7. Engaging in any form of revenue sharing except in specific circumstances as set out below.
In some practice arrangements, a member might not receive the entire fee paid by the client or a third party for providing professional services, but may share it with others within the organization or practice. In order to avoid a conflict-of-interest, members may share revenue only with one or more of the following: i. another member of the College; ii. a member of another regulated health profession; iii. a health professional corporation; iv. a social worker or social service worker or a professional corporation for a social worker or a social service worker; or v. any other person if there is a written contract with the person stating that the member will have control over, and be responsible for, his/her own professional decisions, and for maintaining professional standards.
8. Selling a product to a client or recommending a product that is sold in any premises associated with the member, without first advising the client that s/he may purchase the product elsewhere without affecting the client-practitioner relationship.
A member may not pressure the client into purchasing products from the member’s practice or the member’s landlord.
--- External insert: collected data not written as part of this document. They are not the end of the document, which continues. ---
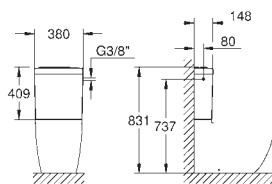

39 911 000

альпин-белый

Керамика Вау

Бачок

наполнение сбоку
в комплекте механизм на 2 объема смыва
с креплением
санитарная керамика
совместимо с чашей унитаза Вау Керамика 39 910 000
профессиональная серия
24 шт. на паллете
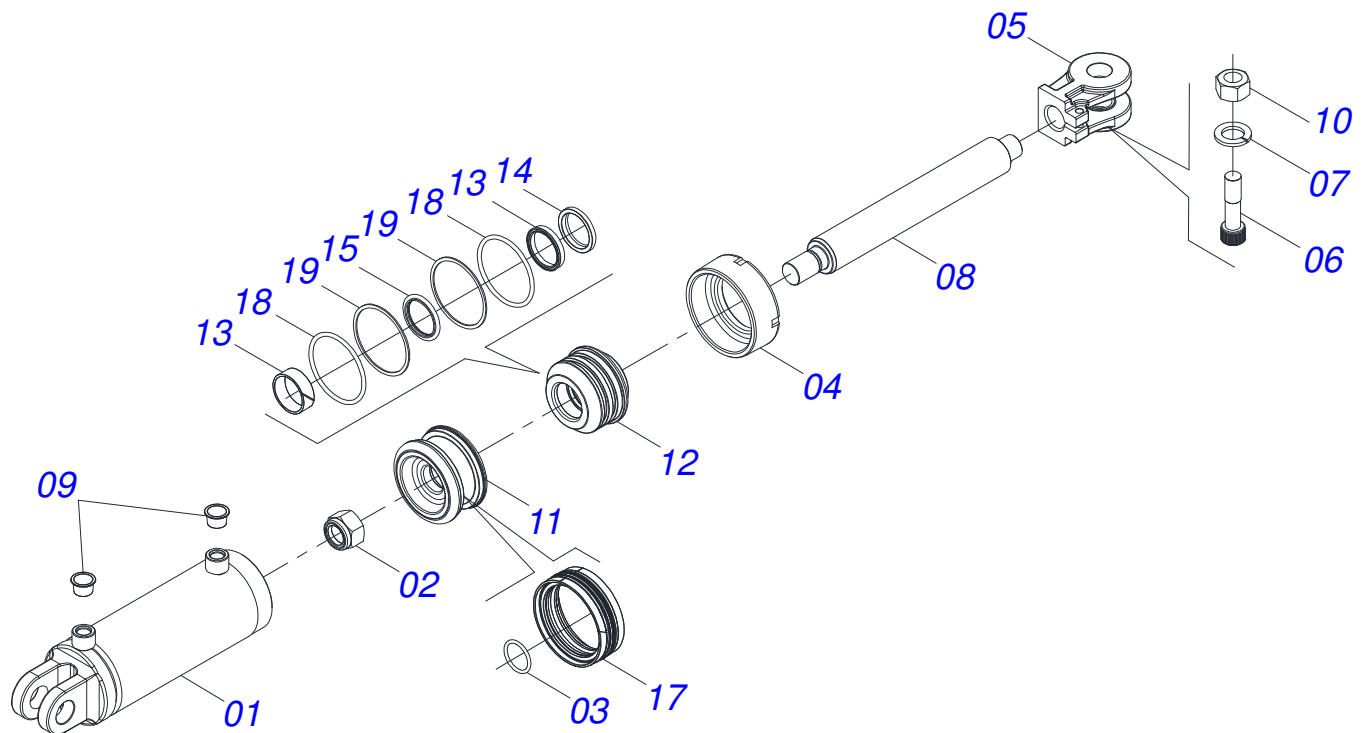

Item	Código	Descrição	QT
01	0521066698	CAMISA 101,60 X 356	01
02	0503010817	PORCA S. AUTOTRAV C/NYLON 1.1/4 UNF ALTA G.5 ZN	01
03	0503018029	ANEL O RING 2-217 N 3006 90B	01
04	0502012822	TAMPA MOVEL 101,60 TSTA 14	01
05	0502040747	GARFO 32,54	01
06	0503011094	PARAF 3/8 UNC X 2 C C S I 12.9	01
07	0503011443	ARRUELA PRESSAO 3/8 SA	01
08	0581011007	EXTENSOR CIL HID 50,80 X 411	01
09	0503030384	PLUG CON N-001	02
10	0503010026	PORCA S. 3/8 UNC G.5 ZN	01
11	0502012820	EMBOLO 50,80 X 101,60 ULTRA FLEX	01
12	0502012821	SUPT ANEIS 50,80 X 101,60 TSTA 14	01
13	0503018025	ANEL GUIA W2-2250-750 (3097 AGEL)	01
14	0503010039	ANEL RASPD D-2000 1G24231	01
15	0503018026	GAXETA 1870-2000-375 B POLYMAX	01
16	0503018024	ANEL BS OD050805200171D-BR	01
17	0503015633	VED SELEMASTER DSM PCB0NB102-NCRO	01
18	0503010338	ANEL O RING 2-342 N 3006-9B 1G04619	02
19	0503011061	ANEL BACK-UP 8-342 1G31076	02
20	0511032211R	JOGO REPARO CIL 50,80 X 101,60 GCRO	01

Avoiding this type of conduct assures the public that any sale or recommendation made by the member is in the client’s interest only. It also gives the client the opportunity to obtain products elsewhere, perhaps at a lower price or at a more convenient location.If recommending a product to a client that is sold in any premises associated with the member, the member also issues a written description of the product. In addition, the member advises the client that s/he may purchase the product elsewhere without affecting the client-practitioner relationship.
The Standard: Conflict-of-interest
Members remain alert to potential, actual or perceived conflicts-of-interest, and take measures to prevent these situations from arising. Members take action to effectively manage and mitigate any conflicts-of-interest that may arise.
Demonstrating the Standard
A member demonstrates compliance with the standard by, for example:
- being aware of, and avoiding, situations that may place the member in a conflict-of-interest;
- carefully managing conflicts-of-interest by appropriately disclosing the conflict, and ensuring that suitable safeguards are established and documented;
- seeking advice from peers or the College, when in doubt.
Note: College publications containing practice standards, guidelines or directives should be considered by all members in the care of their clients and in the practice of the profession. College publications are developed in consultation with the profession and describe current professional expectations. It is important to note that these College publications may be used by the College or other bodies in determining whether appropriate standards of practice and professional responsibilities have been maintained.